Watanabe ended up launching his own sub-brand menswear in the CDG universe, elevating high-fashion under a mostly workwear perspective. Kawakubo became an essential figure in Watanabe’s career. A mentor to the designer who followed his own ‘editorial’ line in fashion: let the clothes say everything he had to say.

Another of the most renowned brands in the Kawakubo imagination is ‘PLAY Comme des Garçons’, launched in 2002 under the direction of her husband Adrian Joffe, CEO of CDG and Dover Street Market. He is in charge of guiding the most commercial and affordable sub-label of Comme des Garçons. In it, the logo of Filip Pagowski’s heart runs through an infinite number of basic T-shirts, perfumes and minimal polo shirts, as well as the Converse line that has forever elevated the hype of the American house.

Converse x Play Comme des Garçons

In 2009, Comme des Garçons considered it necessary to do something in response to the general negativity generated by the global crisis of 2008, through injecting more affordable pieces in the world of luxury fashion. Thus ‘Black Comme des Garçons’ became a key CDG* sub-signature both for the fashion industry and for the launch of exquisite collaborations with Nike.

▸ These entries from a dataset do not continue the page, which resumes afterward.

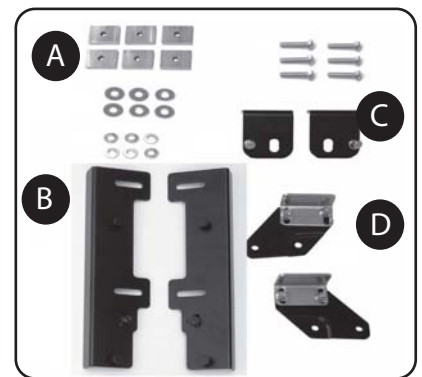

# MODEL SPECIFIC GUIDE

Hidden Hinge Version

## Model 4066 Toyota Tacoma Std/Ext/Double Cab 6' Long Bed 2005-Current *(with multi-track system)*

### Tacoma Bracket Kit

- A: Mounting Hardware
- B: Front Brackets
- C: Prop Brackets
- D: Rear Brackets

**Note:** Before beginning install, you must remove the factory Multi-Track tie down cleats. These cleats may be reinstalled after the cover install is complete.

### RE: Step 2 on the Quick Start Guide

Remove the end caps from the Multi-Track system. Install the prop mounting brackets. Slightly screw the Multi-Track flat clamps on to the bolt and through the prop mounting bracket. Slide the flat clamp into the Multi-Track system. Position according to the measurement on the reverse side.
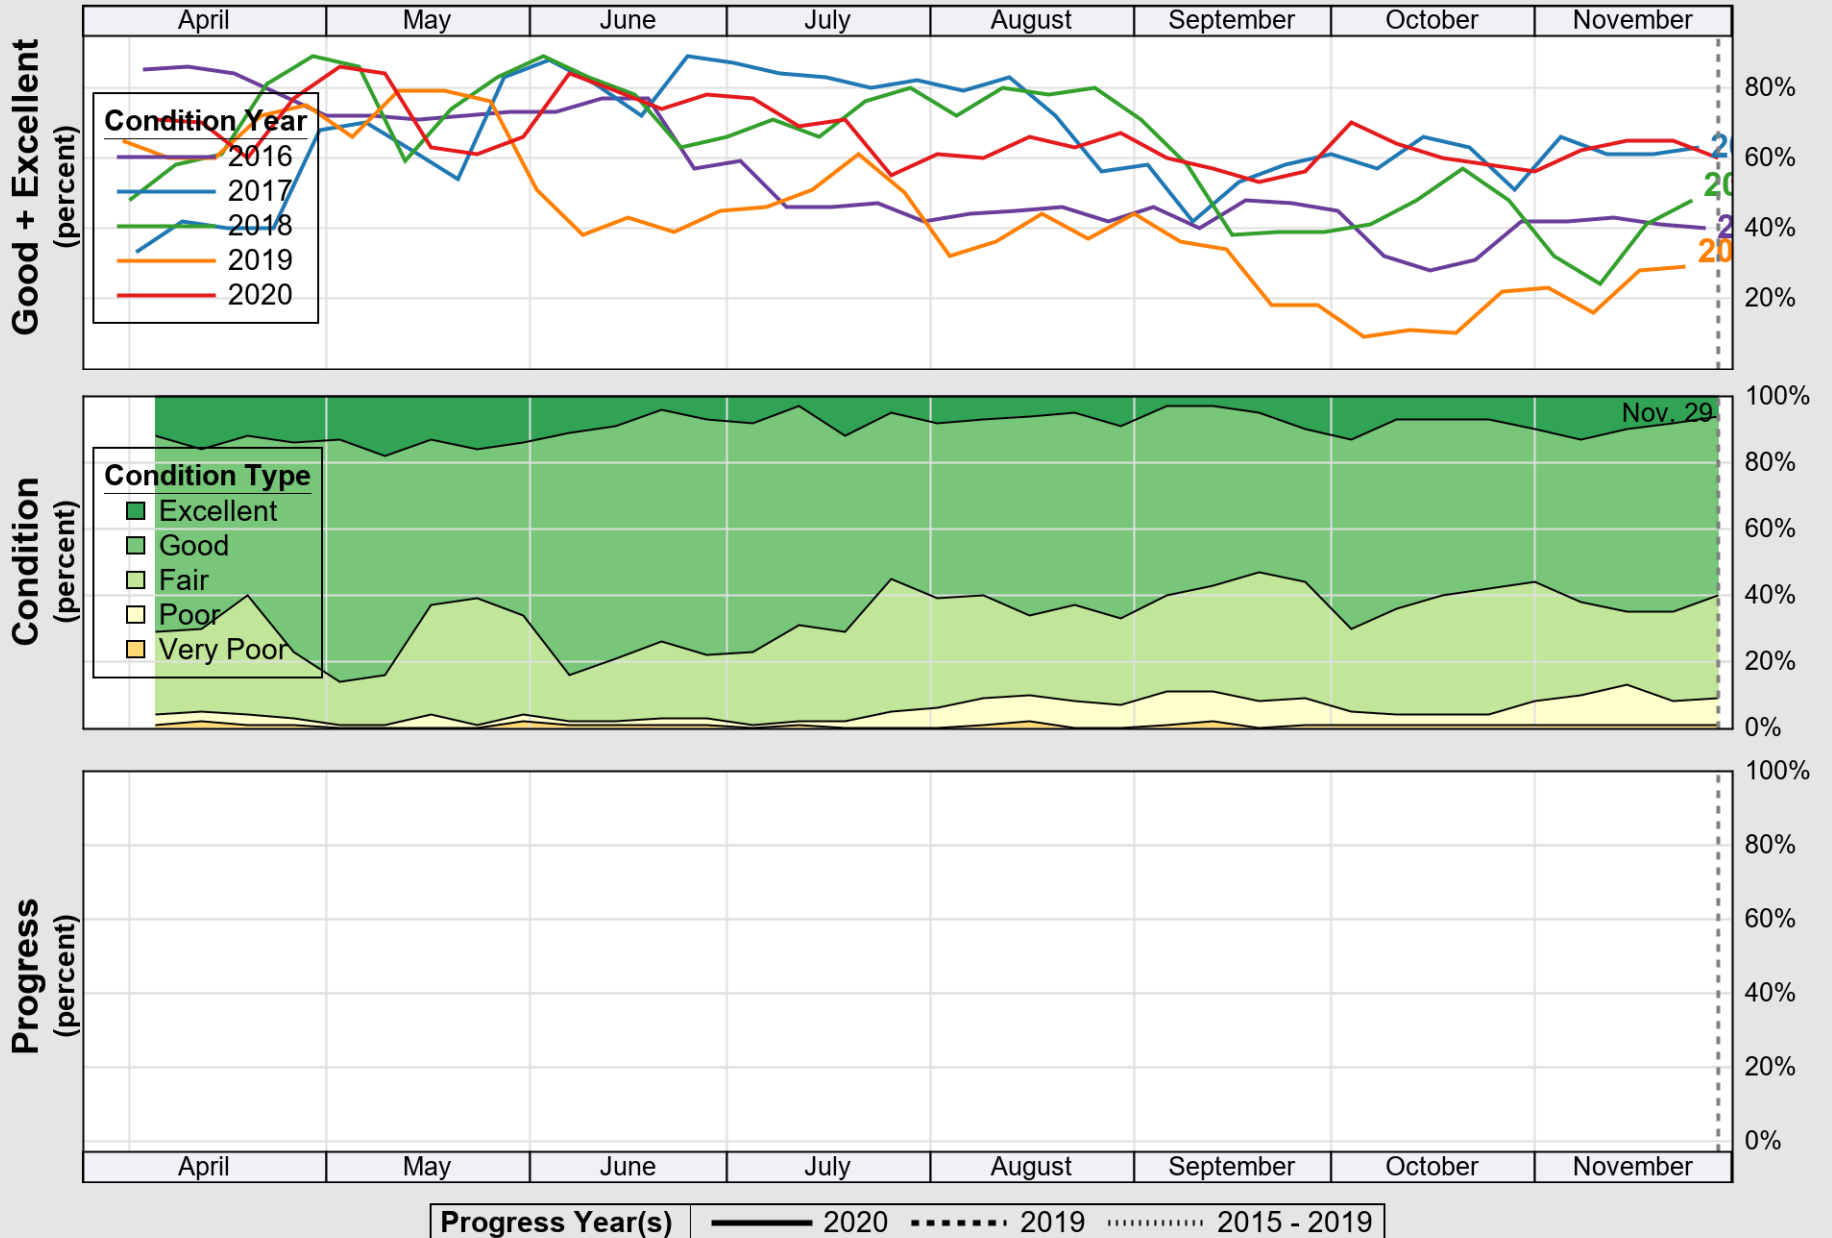

USDA

Crop Progress and Condition: Corn in South Carolina , 2020

NASS

Source: National Agricultural Statistics Service (NASS), Crop Progress Report

USDA

Crop Progress and Condition: Cotton in South Carolina , 2020

NASS

Source: National Agricultural Statistics Service (NASS), Crop Progress Report

USDA Crop Progress and Condition: Pasture and Range in South Carolina , 2020 NASS

Source: National Agricultural Statistics Service (NASS), Crop Progress Report

USDA

Crop Progress and Condition: Peanuts in South Carolina , 2020

NASS

Source: National Agricultural Statistics Service (NASS), Crop Progress Report

USDA

Crop Progress and Condition: Soybeans in South Carolina , 2020
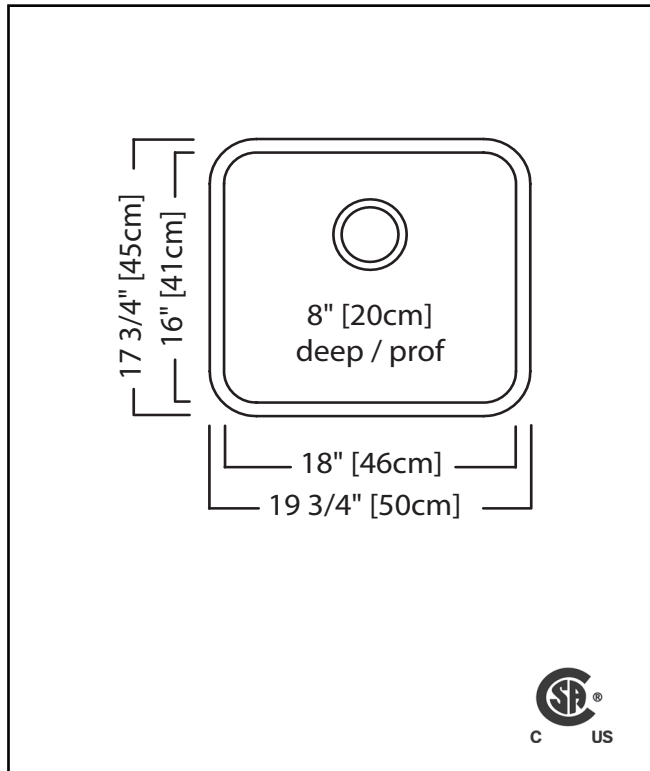

KINDRED

STEEL QUEEN

SINGLE BOWL 20 GAUGE UNDERMOUNT

MODEL: QSUA1820-8N

- ✓ Resilient finish offers lasting durability
- ✓ Rear off-set drain maximizes the usable bottom surface of the bowl while also creating extra cabinet space beneath the sink
- ✓ Sound dampening system that reduces excess noise from running water and disposal vibration
- ✓ Undermount installation creates a seamless profile to bring sleek style to any kitchen

TECHNICAL FEATURES

OVERALL SINK SIZE (OD)	17 3/4" FB x 19 3/4" LR
BOWL SIZE (ID)	16" FB x 18" LR x 8" DP
MINIMUM CABINET SIZE	24"
MATERIAL	20 Gauge
CORNER RADIUS	50 mm
STAINLESS STEEL FINISH	Satin Finish Bowl with Silk Finished Rim
DRAIN HOLE LOCATION	Rear
INSTALLATION TYPE	Undermount
SOUND COATING	Undercoating
WEIGHT	9.3 lbs
WARRANTY	Limited Lifetime
COUNTRY OF ORIGIN	Canada

For all those episodes, and many more, Rei Kawakubo has positioned herself as one of the best designers in history, influencing all movements and currents in fashion. Her ultra avant-garde heritage sprinkled with political and socio-cultural nuances not only anticipated the fashion of the time, but also projected the ideas of the future of the industry. Rei Kawakubo undoubtedly changed fashion forever.